Wu talks about blockchain, translated by Ping Xiong


As we move into the future, we find that there is a growing need for a zero-trust system of interactions.


Even before Snowden, we were aware that entrusting our information to arbitrary entities on the internet was fraught with danger. However, in the aftermath of Snowden, this awareness fell mainly on those who believed that large organizations and governments often try to overreach. As a result, we realize that entrusting our information to corporate entities is a fundamentally wrong model. The chances of a corporate entity keeping its hands off our data are simply the cost of the effort required minus its expected benefit. Given that companies’ revenue models often require them to know as much as possible about their users, realists will realize that the potential for surreptitious abuse is unlikely to be overestimated.
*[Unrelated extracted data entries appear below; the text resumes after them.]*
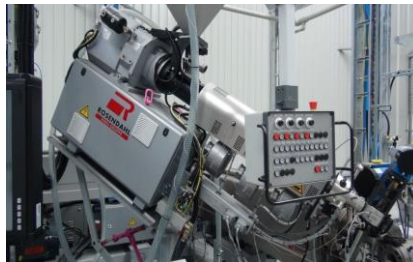

Creating Solutions Together

PFlashG304_Rosendahl_19881 - JDY

30-19881 ROSENDAHL Extrusion Plant for RF and Coax Cables (2015) Brand new machines, installed but never used

- Complete process
- Latest technologies
- Immediately available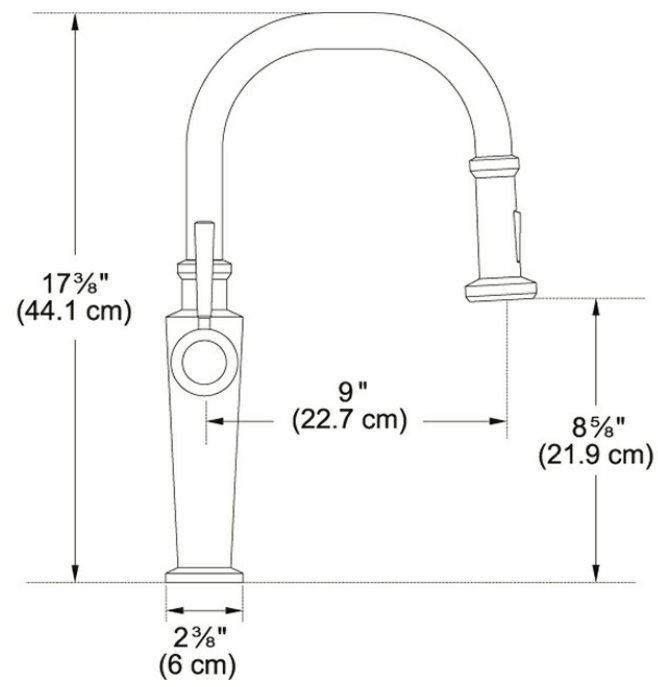

## Absinthe FF5280 Satin Nickel

Beauty across the entire range. Oriented on current trends in product design, the combination of transitional style and sculptured form provide sleek aesthetics that will delight any chef day after day.

Product Picture

Technical Drawing

Product Information

|                          |                        |
|--------------------------|------------------------|
| Version                  | Pull-Down Spray        |
| Spray Type               | Full and Needle Spray  |
| Faucet Operation         | Side Lever             |
| Flow Rate                | 1.75 gpm               |
| Cartridge                | 35mm Ceramic Cartridge |
| Where to buy             | Showroom               |
| Countertop hole diameter | 1 3/8"                 |

Article Numbers

|                |              |
|----------------|--------------|
| FUN#           | 115.0481.381 |
| US Part Number | FF5280       |

The protocols and technologies on the web, and indeed the entire Internet, are a great technology preview. SMTP, FTP, HTTP(S), PHP, HTML, and Javascript are just a few of the major tools that have contributed to the cloud-based applications we see today, such as Google Drive, Facebook, and Twitter, not to mention countless other applications such as gaming, shopping, banking, and dating. However, in the future, these protocols and technologies will have to be redesigned based on our new understanding of the interaction between society and technology.
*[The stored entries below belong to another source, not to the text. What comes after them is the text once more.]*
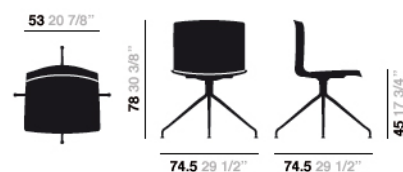

Catifa 53 - Trestle swivel Polypropylene

Art. #0207

Base Finish

Chrome finish steel

Material: Polypropylene one color

PO00101

Dimensions

* Files CAD 2D - 3D available for download at www.arper.it

Web 3.0, or what might be called the “post-Snowden” web, is a reimagining of the things we already use the web for, but with a fundamentally different model for interactions between parties. What we consider public, we publish. What we assume is consistent, we put on a consensus ledger. What we consider private, we keep secret and never reveal. Communications always take place over encrypted channels and only with anonymous identities as endpoints; nothing traceable (like IP addresses) is ever used.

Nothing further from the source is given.